*Input for this task:*
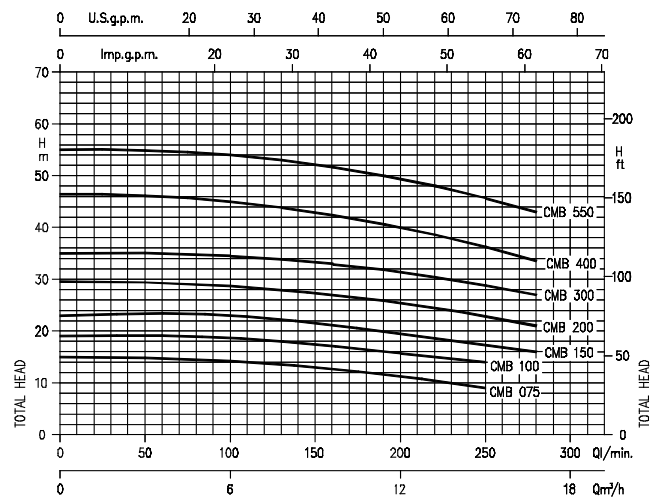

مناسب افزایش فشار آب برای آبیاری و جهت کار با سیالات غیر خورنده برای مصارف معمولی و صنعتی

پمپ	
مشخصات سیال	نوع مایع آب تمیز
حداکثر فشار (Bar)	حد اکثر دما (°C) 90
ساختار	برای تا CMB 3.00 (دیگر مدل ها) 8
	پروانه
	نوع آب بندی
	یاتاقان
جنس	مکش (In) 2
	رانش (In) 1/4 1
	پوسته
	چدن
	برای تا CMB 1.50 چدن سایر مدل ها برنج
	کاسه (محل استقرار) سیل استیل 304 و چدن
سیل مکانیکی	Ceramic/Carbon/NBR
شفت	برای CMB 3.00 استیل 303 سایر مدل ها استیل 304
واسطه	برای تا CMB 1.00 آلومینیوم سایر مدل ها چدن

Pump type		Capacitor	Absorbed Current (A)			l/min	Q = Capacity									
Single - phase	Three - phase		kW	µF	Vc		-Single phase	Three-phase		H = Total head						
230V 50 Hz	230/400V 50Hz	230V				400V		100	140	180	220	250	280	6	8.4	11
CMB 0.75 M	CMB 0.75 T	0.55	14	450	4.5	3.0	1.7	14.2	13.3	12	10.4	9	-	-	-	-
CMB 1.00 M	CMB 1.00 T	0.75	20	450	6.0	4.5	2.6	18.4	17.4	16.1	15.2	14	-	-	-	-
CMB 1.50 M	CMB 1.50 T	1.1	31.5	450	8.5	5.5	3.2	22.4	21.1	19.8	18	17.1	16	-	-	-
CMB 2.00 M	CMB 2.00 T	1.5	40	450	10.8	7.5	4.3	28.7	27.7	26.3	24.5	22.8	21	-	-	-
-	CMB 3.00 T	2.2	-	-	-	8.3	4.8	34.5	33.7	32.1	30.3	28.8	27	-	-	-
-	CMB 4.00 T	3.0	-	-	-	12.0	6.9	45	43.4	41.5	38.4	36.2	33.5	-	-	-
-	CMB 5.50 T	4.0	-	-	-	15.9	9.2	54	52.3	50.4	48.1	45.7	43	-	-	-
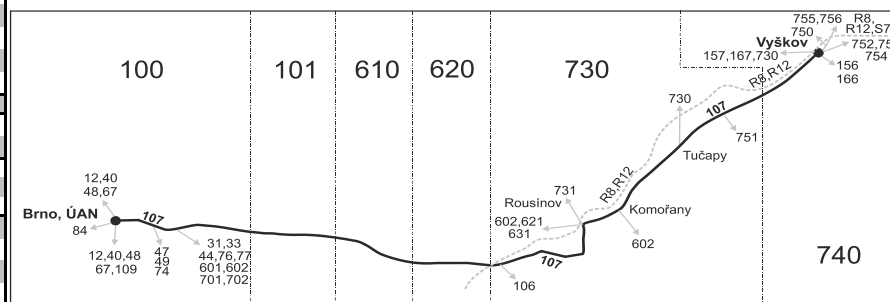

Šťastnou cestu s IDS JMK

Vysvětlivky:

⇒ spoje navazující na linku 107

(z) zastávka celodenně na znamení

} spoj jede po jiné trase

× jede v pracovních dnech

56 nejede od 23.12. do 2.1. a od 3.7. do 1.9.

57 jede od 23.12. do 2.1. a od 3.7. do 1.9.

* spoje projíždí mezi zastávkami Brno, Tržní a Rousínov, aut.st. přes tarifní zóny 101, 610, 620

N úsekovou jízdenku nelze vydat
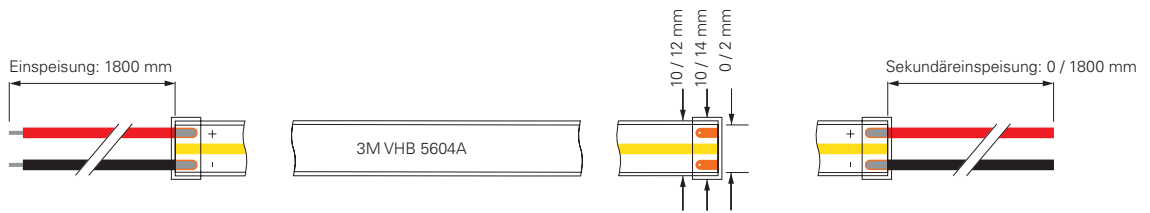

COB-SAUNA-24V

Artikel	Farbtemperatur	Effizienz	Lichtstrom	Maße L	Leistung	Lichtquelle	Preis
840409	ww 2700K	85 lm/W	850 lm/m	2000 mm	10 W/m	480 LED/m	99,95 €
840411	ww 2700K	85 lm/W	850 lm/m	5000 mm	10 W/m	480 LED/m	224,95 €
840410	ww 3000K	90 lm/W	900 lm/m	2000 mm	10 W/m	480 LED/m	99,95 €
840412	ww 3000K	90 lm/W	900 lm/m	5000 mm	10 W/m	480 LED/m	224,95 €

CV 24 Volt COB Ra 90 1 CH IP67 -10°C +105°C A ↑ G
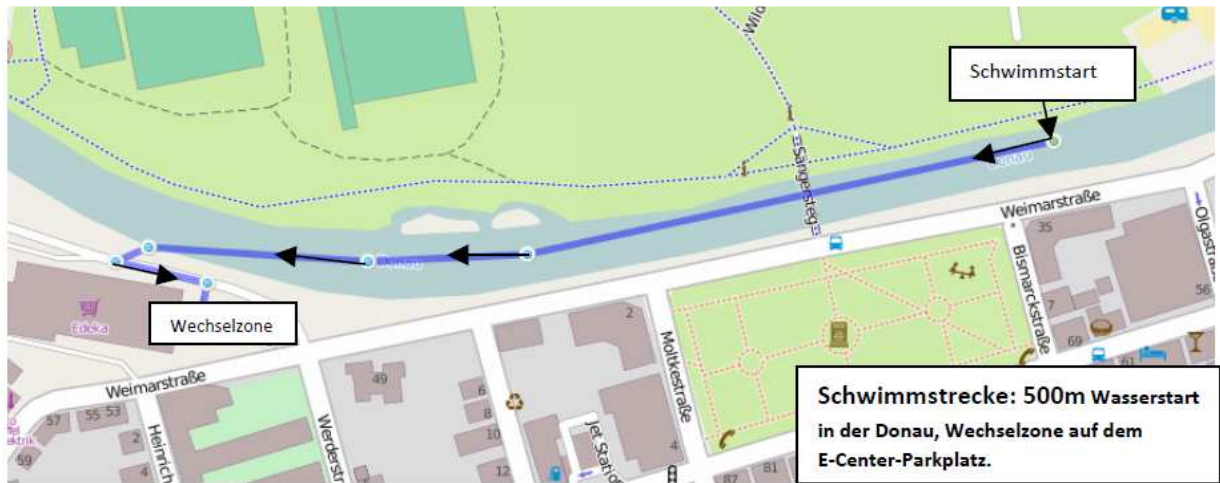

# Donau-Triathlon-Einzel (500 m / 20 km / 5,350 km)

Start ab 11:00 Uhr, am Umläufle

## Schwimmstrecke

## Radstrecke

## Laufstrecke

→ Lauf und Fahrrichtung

...

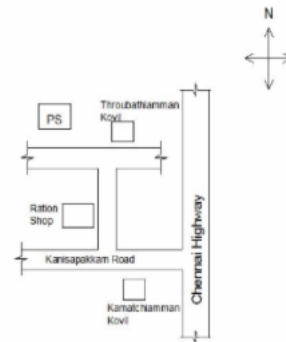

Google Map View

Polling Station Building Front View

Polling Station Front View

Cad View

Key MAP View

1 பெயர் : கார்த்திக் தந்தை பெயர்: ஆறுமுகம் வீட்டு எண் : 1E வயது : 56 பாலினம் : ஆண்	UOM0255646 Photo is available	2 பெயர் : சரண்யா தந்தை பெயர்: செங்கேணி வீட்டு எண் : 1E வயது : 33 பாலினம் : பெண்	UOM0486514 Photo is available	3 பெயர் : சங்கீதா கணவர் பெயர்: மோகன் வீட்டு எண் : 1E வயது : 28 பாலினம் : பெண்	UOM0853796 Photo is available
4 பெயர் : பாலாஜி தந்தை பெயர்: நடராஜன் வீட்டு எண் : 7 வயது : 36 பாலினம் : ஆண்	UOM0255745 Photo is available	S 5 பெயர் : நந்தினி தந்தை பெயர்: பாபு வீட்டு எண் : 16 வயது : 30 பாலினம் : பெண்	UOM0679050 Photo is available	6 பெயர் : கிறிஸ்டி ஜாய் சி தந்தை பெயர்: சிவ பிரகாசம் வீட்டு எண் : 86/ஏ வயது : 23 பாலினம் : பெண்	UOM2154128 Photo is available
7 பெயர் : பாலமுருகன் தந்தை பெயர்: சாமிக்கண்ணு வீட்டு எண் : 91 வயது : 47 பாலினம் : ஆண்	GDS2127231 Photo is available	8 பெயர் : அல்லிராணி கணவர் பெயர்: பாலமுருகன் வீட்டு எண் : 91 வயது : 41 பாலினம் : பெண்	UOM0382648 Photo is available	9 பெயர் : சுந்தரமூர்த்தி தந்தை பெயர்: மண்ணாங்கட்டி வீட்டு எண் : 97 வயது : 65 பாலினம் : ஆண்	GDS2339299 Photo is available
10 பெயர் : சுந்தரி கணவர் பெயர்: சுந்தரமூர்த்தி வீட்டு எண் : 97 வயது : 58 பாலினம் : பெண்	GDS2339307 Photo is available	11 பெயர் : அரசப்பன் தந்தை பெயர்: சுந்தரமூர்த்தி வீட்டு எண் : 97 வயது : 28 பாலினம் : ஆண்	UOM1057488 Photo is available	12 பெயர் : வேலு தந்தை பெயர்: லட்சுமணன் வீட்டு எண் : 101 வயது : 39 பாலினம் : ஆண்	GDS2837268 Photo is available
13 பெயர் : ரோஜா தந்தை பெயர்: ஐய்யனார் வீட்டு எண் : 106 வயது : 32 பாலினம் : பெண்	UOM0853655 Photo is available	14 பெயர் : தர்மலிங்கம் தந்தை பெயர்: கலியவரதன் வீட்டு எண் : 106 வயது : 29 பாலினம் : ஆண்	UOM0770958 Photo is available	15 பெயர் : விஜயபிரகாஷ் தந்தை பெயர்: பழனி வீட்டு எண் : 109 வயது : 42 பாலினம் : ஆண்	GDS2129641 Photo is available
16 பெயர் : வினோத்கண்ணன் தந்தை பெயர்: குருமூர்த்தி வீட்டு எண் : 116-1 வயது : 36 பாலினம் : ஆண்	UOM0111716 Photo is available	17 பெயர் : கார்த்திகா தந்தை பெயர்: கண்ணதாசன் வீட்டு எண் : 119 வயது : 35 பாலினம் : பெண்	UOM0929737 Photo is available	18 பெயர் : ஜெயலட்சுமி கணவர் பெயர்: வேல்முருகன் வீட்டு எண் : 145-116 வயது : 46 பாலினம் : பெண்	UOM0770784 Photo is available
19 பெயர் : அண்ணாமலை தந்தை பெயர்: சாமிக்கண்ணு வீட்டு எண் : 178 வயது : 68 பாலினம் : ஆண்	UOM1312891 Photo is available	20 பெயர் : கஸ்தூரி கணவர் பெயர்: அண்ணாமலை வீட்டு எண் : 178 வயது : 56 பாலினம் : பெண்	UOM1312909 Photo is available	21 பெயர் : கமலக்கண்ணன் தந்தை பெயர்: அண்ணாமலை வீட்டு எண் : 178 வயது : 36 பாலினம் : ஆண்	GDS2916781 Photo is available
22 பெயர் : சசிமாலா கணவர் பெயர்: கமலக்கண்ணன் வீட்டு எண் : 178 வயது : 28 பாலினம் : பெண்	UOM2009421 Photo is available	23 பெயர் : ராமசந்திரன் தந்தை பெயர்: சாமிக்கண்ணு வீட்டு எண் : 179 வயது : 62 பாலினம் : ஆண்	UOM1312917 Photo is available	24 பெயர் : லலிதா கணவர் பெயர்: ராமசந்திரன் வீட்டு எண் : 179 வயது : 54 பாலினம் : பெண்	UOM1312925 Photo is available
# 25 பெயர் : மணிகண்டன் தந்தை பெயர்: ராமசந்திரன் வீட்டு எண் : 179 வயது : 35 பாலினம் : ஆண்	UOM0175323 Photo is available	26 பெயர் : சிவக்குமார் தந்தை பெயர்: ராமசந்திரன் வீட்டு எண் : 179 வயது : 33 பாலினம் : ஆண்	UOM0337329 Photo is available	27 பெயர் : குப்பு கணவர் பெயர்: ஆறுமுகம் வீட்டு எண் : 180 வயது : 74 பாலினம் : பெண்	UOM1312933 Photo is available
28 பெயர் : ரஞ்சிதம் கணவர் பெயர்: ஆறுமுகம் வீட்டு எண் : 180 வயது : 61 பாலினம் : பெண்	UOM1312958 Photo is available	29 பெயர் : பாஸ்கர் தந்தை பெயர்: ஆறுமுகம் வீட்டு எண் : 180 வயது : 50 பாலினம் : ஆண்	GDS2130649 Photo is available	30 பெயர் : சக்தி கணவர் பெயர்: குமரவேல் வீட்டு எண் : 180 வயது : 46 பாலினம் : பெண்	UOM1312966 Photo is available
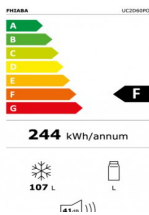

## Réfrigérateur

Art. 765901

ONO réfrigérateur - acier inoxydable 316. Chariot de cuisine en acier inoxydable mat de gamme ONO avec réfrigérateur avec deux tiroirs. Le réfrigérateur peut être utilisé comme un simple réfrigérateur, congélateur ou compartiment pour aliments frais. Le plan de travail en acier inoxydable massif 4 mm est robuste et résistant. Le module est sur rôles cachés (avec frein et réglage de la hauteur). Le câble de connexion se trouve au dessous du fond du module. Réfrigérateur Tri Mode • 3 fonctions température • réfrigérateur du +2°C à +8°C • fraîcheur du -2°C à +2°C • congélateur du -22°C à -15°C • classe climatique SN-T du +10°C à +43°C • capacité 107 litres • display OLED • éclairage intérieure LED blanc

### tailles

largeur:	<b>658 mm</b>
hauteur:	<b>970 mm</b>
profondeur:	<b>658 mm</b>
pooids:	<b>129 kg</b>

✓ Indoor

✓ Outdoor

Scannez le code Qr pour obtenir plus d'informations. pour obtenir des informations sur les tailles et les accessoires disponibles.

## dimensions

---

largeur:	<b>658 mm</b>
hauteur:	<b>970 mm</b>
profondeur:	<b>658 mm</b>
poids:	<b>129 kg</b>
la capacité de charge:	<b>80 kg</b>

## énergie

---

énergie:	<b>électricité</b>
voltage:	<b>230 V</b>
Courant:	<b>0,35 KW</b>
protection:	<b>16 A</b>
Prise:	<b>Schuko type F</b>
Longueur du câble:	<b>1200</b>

==

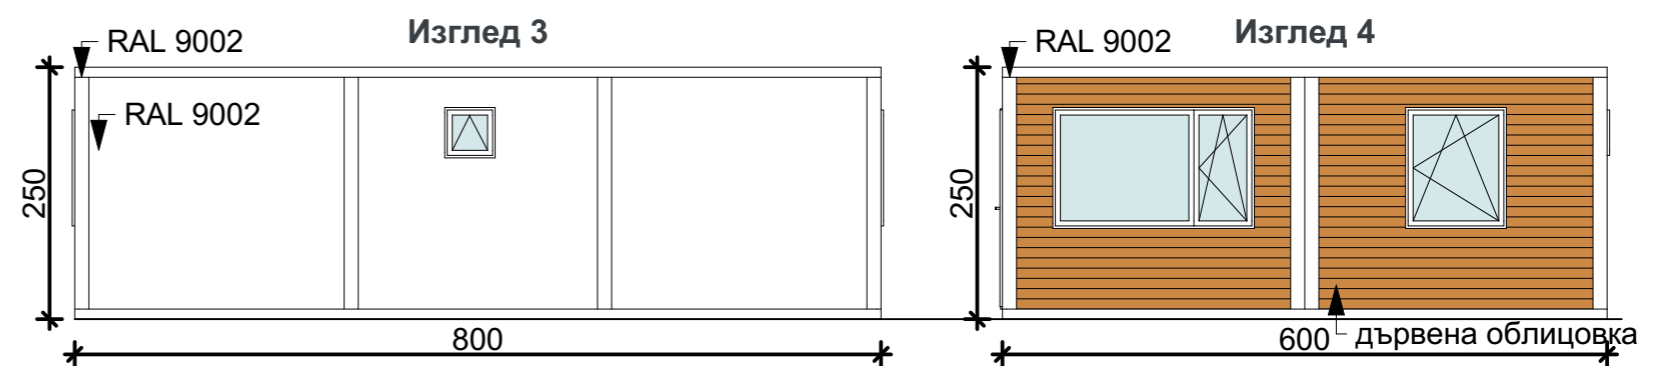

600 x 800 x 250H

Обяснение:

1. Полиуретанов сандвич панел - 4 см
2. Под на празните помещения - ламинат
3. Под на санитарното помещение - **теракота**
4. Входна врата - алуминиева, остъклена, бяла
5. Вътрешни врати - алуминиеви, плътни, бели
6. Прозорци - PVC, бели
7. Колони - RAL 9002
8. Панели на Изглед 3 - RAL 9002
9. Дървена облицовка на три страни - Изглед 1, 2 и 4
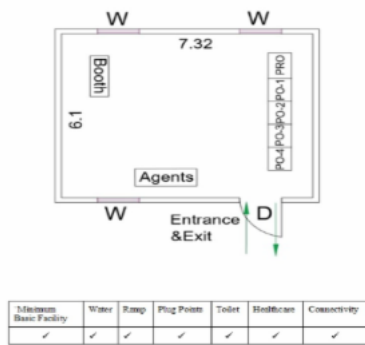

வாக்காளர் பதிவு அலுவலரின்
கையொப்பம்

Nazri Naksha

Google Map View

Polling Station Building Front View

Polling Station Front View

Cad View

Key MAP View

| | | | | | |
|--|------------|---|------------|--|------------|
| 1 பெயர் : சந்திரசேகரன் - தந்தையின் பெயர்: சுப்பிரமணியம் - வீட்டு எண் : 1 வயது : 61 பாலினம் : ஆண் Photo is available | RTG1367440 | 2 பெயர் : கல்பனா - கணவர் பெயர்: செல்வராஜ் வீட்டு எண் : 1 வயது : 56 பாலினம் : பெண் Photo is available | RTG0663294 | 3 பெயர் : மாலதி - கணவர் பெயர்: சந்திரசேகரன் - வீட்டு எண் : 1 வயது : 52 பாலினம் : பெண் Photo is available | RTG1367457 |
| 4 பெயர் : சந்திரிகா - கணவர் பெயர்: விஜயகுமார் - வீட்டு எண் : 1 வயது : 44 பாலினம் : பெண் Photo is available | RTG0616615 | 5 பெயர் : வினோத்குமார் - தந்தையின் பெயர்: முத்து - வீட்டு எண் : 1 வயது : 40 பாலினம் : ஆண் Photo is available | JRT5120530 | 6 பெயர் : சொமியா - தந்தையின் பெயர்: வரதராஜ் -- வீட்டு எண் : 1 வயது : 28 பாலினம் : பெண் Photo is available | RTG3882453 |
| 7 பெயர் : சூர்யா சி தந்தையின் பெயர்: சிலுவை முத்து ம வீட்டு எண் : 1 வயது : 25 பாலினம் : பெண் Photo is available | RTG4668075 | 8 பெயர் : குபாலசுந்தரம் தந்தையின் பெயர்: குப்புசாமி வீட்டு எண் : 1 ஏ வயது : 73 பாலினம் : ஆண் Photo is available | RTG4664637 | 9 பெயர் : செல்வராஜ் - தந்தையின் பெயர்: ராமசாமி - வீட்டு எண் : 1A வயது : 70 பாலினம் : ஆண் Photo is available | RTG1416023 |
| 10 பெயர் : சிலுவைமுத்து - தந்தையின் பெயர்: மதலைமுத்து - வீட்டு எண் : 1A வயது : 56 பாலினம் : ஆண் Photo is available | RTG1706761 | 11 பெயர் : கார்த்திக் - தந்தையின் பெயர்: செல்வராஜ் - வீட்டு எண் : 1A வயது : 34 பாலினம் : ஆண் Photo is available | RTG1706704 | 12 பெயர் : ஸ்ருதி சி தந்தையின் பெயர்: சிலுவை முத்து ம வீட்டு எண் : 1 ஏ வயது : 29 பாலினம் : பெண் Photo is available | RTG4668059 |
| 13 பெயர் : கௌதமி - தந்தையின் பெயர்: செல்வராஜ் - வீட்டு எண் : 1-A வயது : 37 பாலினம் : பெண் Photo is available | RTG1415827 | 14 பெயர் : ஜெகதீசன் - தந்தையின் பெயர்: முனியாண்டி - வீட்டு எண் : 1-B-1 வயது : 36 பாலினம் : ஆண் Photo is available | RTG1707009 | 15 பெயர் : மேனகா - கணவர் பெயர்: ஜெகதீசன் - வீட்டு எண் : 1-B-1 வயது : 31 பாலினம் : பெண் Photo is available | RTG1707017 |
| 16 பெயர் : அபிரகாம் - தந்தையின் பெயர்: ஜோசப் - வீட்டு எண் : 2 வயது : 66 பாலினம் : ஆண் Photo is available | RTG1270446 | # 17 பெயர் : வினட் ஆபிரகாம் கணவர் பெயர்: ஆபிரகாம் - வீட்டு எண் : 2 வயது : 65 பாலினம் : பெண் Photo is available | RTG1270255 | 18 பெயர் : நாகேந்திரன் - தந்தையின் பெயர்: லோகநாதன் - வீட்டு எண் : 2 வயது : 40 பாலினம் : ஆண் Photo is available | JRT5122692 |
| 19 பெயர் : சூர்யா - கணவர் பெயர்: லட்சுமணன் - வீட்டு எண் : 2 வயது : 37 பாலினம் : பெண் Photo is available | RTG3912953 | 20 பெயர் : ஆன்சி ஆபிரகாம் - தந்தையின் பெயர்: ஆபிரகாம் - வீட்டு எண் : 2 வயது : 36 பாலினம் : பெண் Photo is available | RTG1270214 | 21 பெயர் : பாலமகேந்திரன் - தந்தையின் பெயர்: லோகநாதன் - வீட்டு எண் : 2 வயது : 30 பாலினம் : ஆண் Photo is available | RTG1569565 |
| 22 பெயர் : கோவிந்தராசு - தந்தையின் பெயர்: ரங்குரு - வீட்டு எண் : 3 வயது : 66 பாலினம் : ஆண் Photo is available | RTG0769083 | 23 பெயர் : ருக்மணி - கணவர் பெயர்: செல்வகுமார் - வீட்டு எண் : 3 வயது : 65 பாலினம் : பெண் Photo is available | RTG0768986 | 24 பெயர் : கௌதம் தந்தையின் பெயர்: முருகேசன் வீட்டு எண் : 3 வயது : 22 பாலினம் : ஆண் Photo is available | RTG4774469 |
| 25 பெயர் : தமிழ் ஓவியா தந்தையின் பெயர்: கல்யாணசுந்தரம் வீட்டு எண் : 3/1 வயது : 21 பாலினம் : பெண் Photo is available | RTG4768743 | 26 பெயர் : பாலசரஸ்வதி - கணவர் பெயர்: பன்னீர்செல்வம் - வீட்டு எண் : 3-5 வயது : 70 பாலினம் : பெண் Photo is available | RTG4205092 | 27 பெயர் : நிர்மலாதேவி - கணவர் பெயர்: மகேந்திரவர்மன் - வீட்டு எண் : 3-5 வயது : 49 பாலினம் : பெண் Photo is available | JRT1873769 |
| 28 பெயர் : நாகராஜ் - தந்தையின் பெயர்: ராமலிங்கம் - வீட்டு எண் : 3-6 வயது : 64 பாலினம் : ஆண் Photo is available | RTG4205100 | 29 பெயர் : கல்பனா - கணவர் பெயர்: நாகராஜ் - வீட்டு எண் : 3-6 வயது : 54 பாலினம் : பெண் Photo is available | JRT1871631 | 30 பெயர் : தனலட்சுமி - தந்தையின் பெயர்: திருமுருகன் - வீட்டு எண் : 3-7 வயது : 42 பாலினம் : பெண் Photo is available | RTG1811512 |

*Prompt:* Copy all lines of the preceding data that hold the word "spoje".

*Solution to this task:*
⇒ spoje navazující na linku 107
* spoje projíždí mezi zastávkami Brno, Tržní a Rousínov, aut.st. přes tarifní zóny 101, 610, 620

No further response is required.